▶ **DATASET CONTENT**:

══════════════════════════════

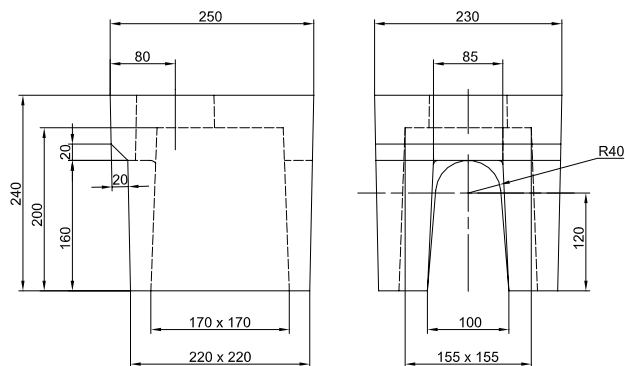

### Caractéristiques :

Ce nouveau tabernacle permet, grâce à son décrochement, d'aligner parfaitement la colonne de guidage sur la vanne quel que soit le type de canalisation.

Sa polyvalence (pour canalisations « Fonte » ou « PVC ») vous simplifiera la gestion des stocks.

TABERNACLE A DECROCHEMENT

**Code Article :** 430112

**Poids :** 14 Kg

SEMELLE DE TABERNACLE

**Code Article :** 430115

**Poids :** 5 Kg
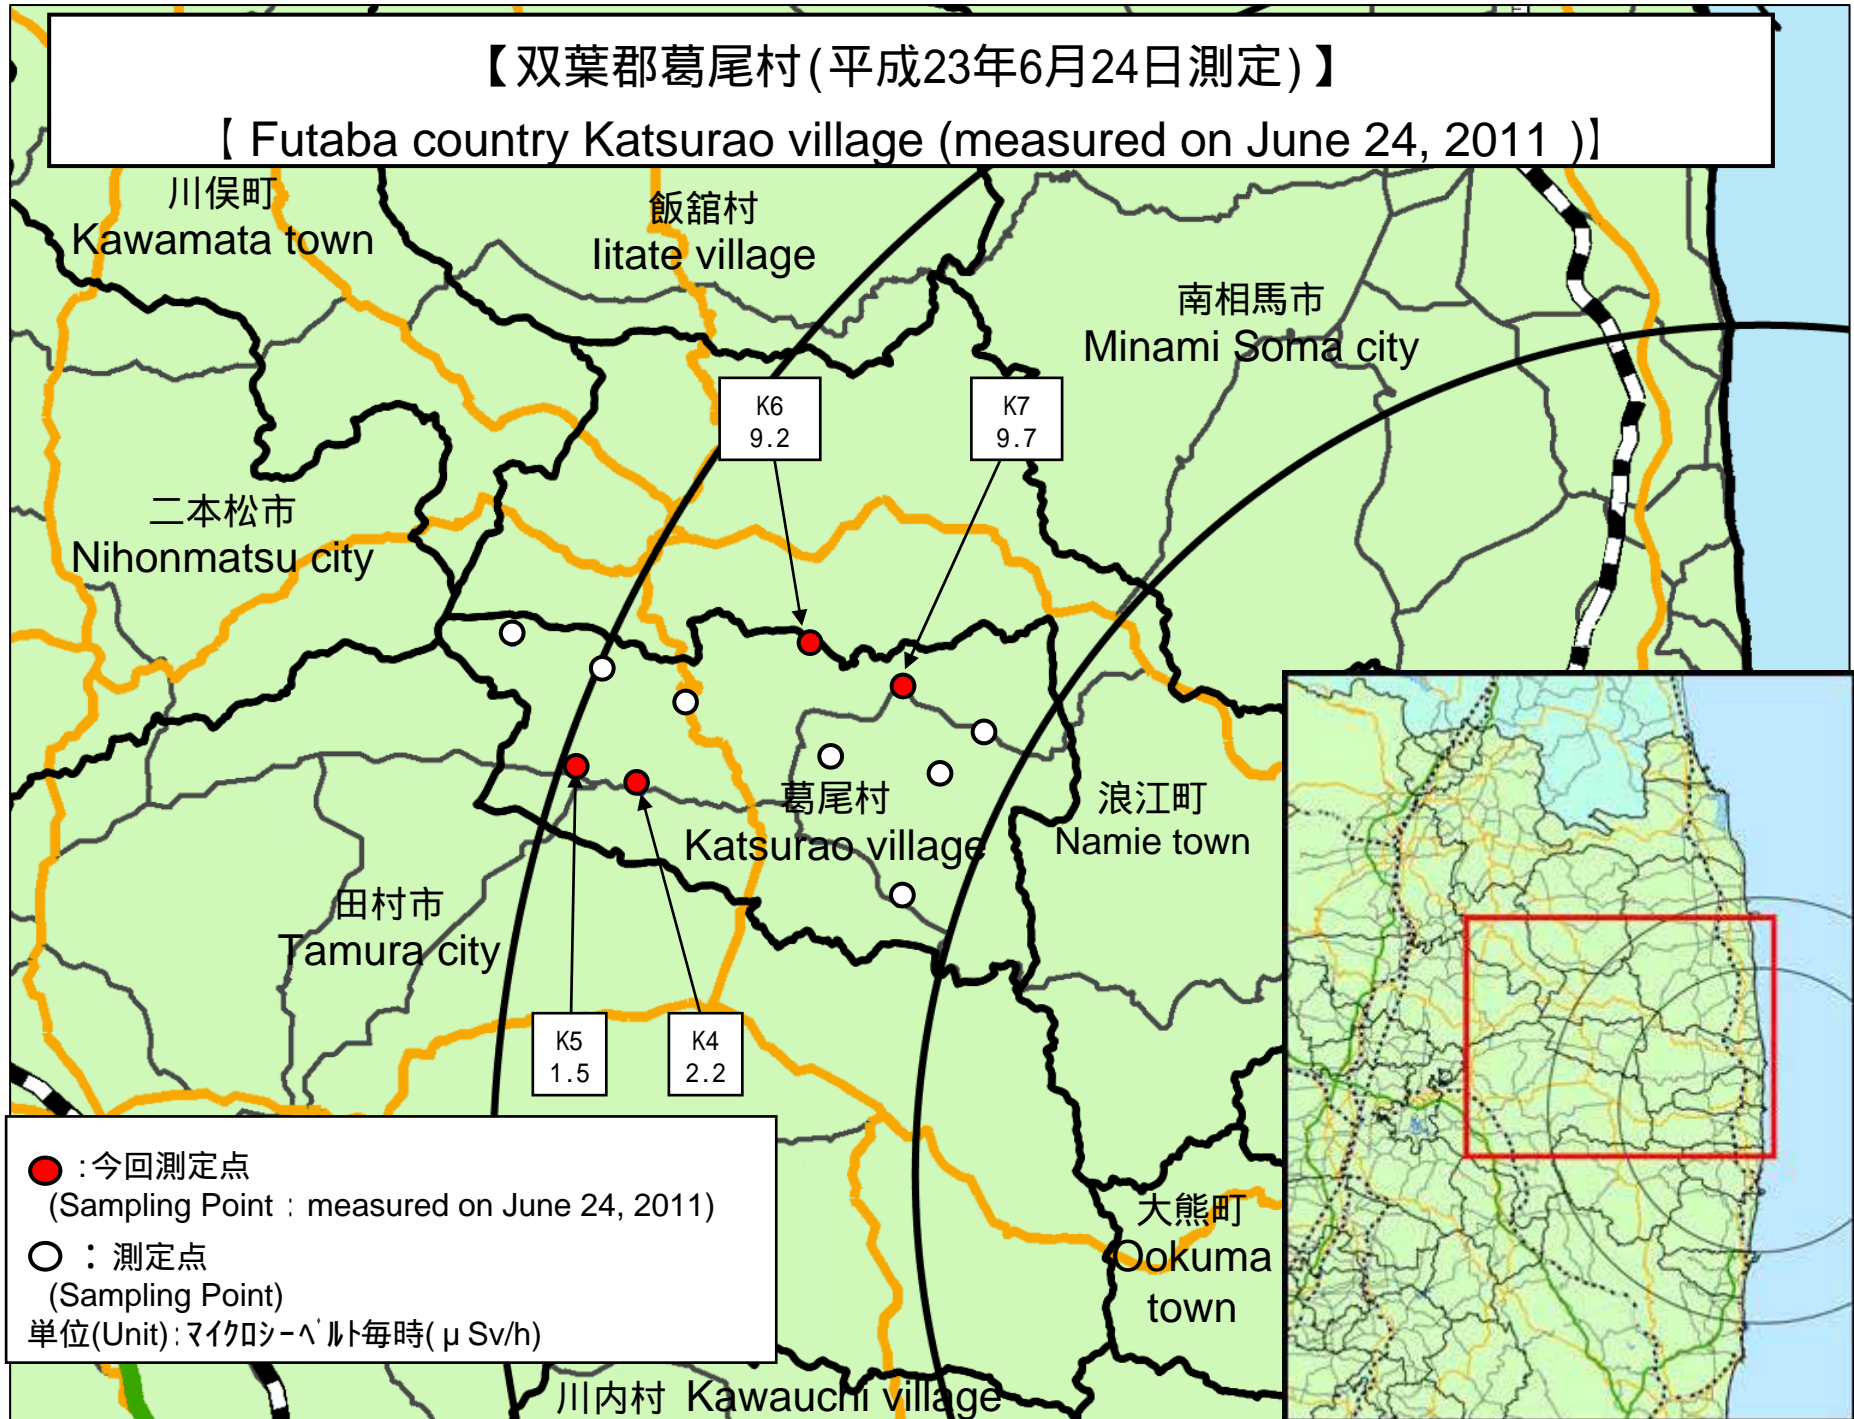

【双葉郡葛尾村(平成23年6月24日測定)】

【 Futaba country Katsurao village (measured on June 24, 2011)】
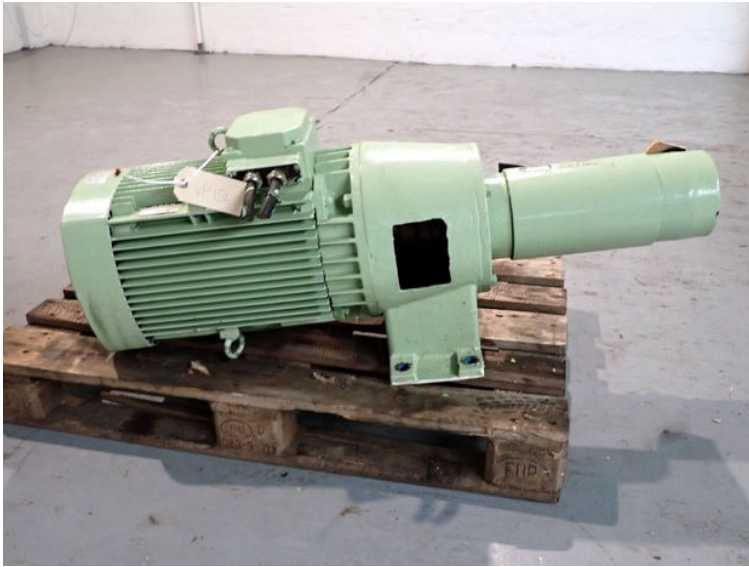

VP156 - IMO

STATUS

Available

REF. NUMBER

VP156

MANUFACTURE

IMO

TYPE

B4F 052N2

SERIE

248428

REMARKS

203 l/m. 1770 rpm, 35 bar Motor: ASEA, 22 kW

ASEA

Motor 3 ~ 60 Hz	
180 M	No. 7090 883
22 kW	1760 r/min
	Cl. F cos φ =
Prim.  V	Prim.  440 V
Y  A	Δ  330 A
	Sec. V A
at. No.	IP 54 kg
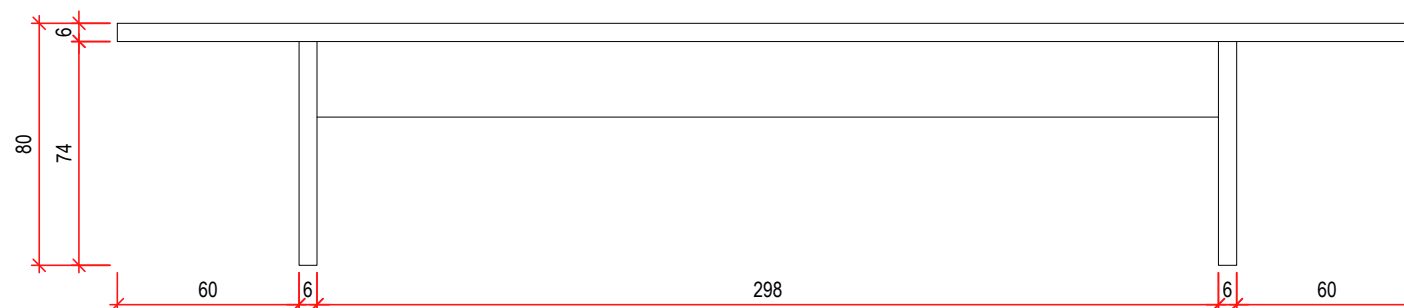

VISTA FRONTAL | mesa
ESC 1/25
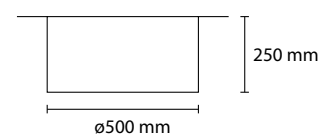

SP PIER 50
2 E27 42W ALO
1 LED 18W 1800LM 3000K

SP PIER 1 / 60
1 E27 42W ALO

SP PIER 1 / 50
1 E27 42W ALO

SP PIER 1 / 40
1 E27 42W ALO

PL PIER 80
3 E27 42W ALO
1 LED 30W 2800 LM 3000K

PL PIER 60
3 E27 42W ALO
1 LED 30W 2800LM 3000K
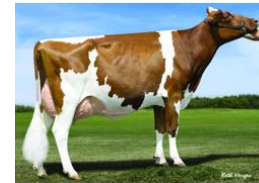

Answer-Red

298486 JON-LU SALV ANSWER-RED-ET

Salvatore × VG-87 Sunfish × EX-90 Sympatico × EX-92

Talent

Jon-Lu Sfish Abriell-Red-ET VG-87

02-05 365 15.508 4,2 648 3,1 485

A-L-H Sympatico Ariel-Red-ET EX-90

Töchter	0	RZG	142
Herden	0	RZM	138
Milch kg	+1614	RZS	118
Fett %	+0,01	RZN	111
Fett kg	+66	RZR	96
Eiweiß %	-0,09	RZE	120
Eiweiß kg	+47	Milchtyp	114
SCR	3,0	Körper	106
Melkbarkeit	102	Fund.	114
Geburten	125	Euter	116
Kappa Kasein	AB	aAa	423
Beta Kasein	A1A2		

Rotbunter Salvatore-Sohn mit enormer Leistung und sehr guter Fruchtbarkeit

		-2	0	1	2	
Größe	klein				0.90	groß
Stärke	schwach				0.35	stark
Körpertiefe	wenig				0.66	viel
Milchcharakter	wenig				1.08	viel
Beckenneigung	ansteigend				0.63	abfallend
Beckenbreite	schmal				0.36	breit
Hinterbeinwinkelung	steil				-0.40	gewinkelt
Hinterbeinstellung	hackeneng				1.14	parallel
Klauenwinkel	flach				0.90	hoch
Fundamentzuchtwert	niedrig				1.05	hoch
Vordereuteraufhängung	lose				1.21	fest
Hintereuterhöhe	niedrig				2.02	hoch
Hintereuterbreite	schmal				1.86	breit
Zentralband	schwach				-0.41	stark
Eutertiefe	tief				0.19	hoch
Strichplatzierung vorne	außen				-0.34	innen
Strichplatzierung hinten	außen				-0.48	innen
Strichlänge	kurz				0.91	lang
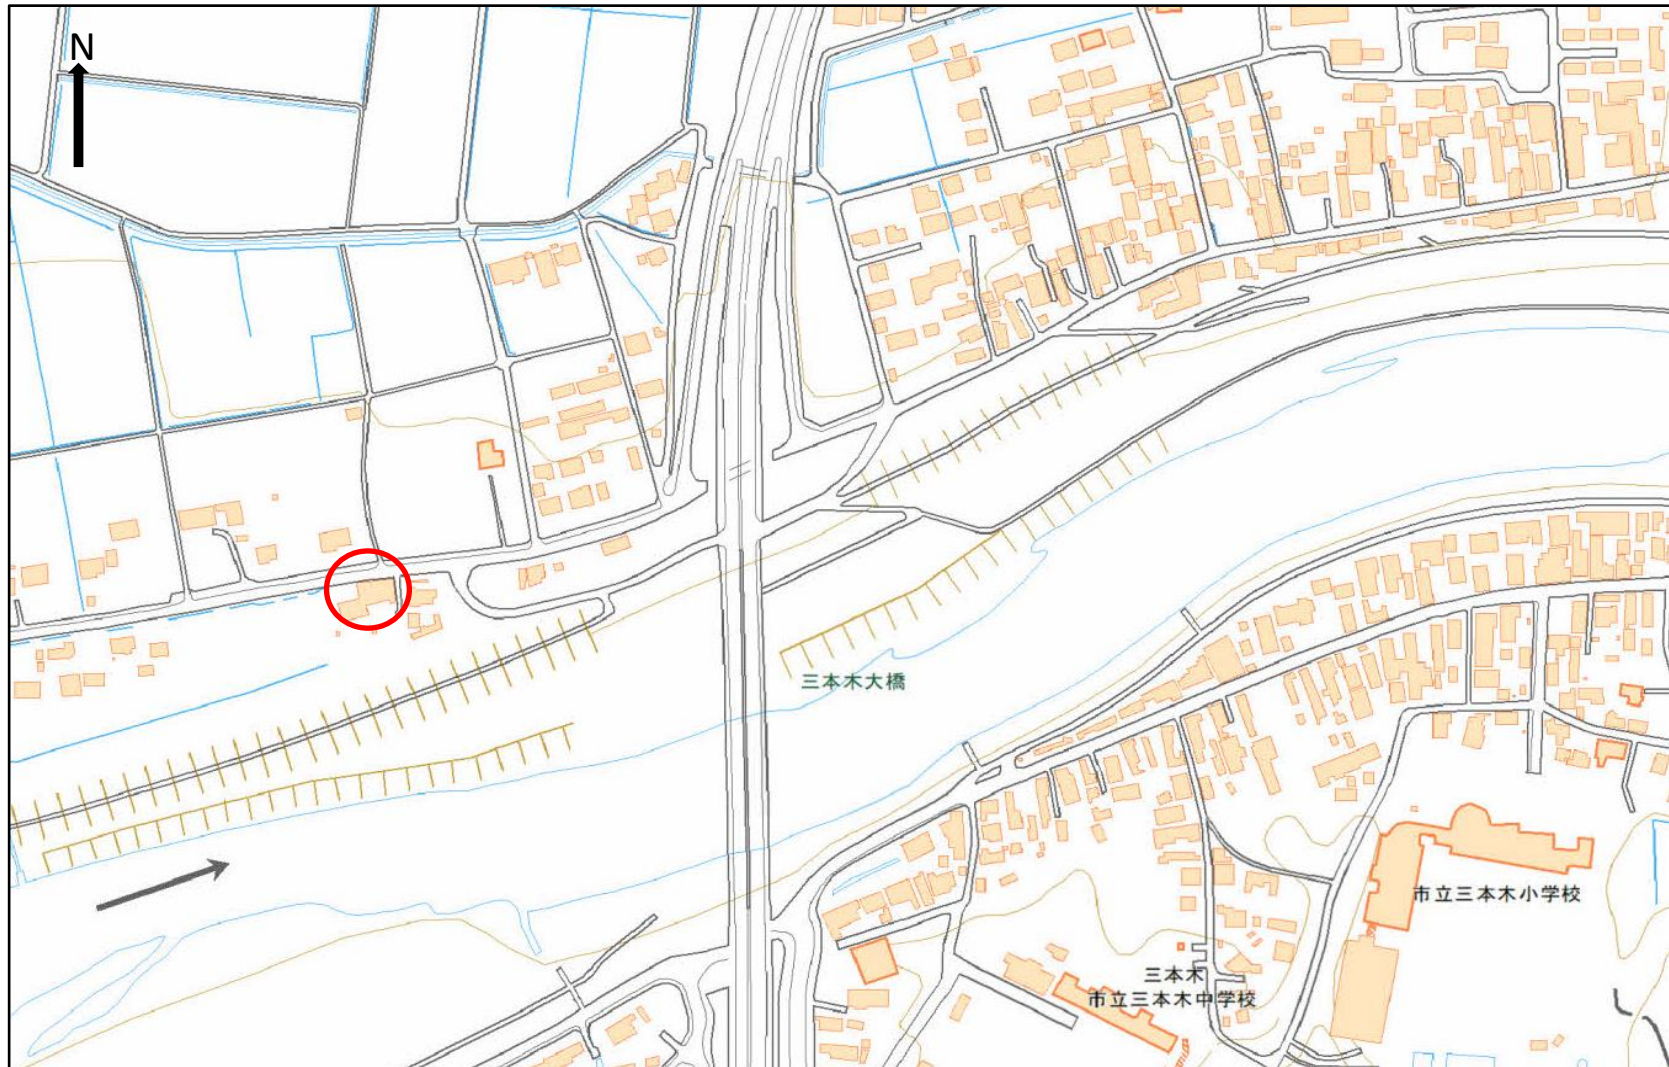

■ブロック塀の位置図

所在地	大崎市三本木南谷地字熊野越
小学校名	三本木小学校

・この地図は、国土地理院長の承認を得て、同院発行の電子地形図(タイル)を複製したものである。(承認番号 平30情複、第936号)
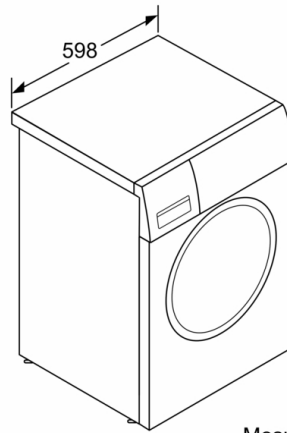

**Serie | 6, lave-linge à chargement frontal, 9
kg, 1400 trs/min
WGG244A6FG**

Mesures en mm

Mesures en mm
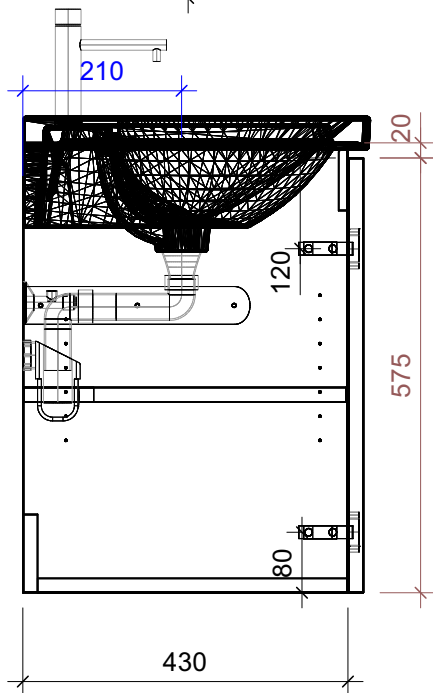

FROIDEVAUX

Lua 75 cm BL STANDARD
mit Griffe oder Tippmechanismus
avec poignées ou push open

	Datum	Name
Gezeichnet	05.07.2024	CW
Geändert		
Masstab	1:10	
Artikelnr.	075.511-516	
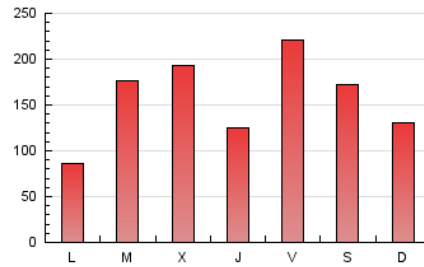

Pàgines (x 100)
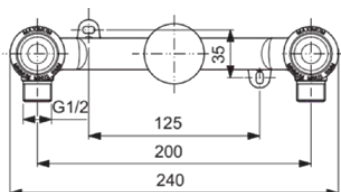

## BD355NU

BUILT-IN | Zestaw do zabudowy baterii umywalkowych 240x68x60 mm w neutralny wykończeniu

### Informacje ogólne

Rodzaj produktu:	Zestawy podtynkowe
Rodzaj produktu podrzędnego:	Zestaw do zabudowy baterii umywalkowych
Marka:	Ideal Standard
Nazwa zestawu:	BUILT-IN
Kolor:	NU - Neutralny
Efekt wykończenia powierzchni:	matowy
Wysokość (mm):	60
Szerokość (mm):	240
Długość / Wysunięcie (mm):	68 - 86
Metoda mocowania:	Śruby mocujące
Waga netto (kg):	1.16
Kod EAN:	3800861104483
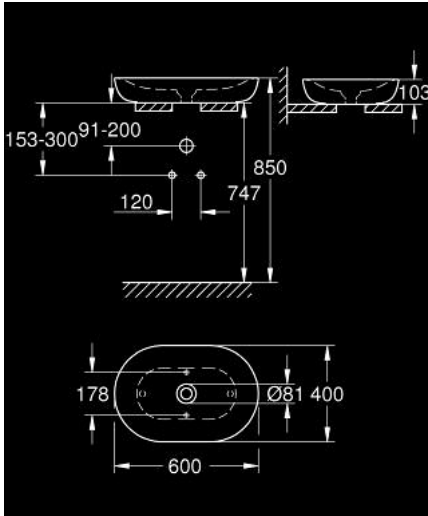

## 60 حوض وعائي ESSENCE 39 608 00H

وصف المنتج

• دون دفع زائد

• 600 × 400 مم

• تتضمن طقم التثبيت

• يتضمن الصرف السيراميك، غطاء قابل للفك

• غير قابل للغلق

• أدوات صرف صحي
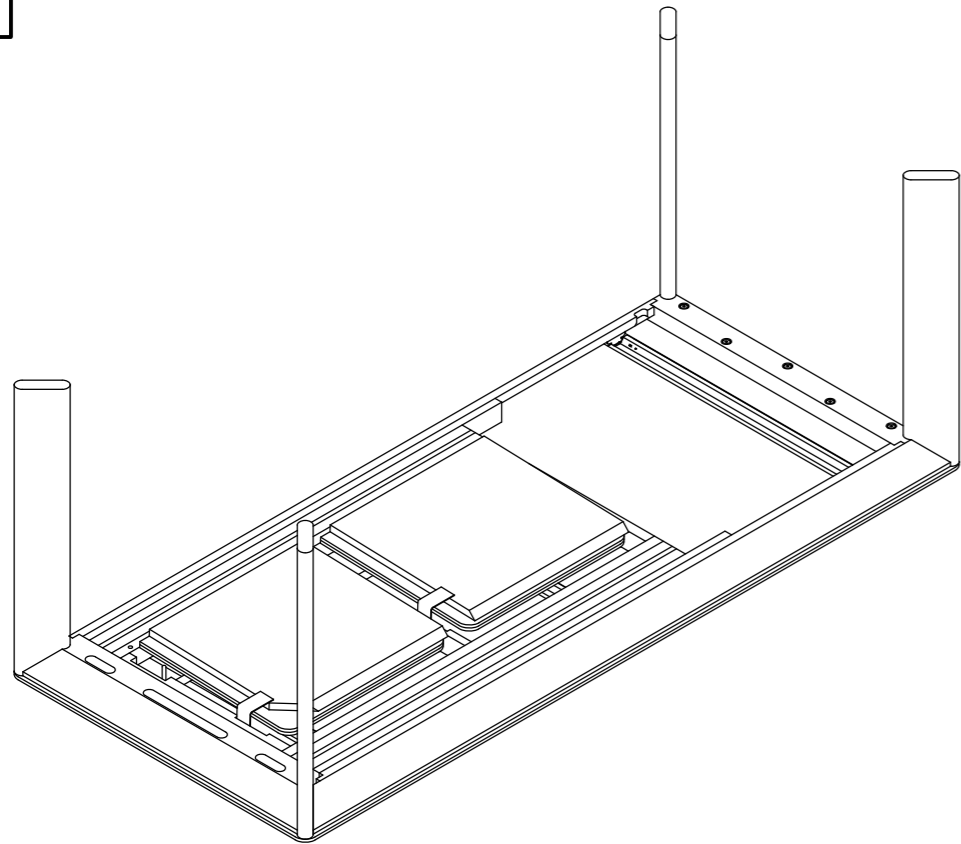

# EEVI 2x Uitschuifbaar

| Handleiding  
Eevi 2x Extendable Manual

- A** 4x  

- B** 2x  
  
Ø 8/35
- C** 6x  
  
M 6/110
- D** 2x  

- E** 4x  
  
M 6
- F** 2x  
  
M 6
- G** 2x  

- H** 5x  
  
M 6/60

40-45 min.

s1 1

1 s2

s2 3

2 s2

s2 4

══════════════════════════════

▶ **ABOUT THIS TASK**: Please report every line among the entries that includes "ASEA".

▶ **RESPONSE AREA**:
203 l/m. 1770 rpm, 35 bar Motor: ASEA, 22 kW
ASEA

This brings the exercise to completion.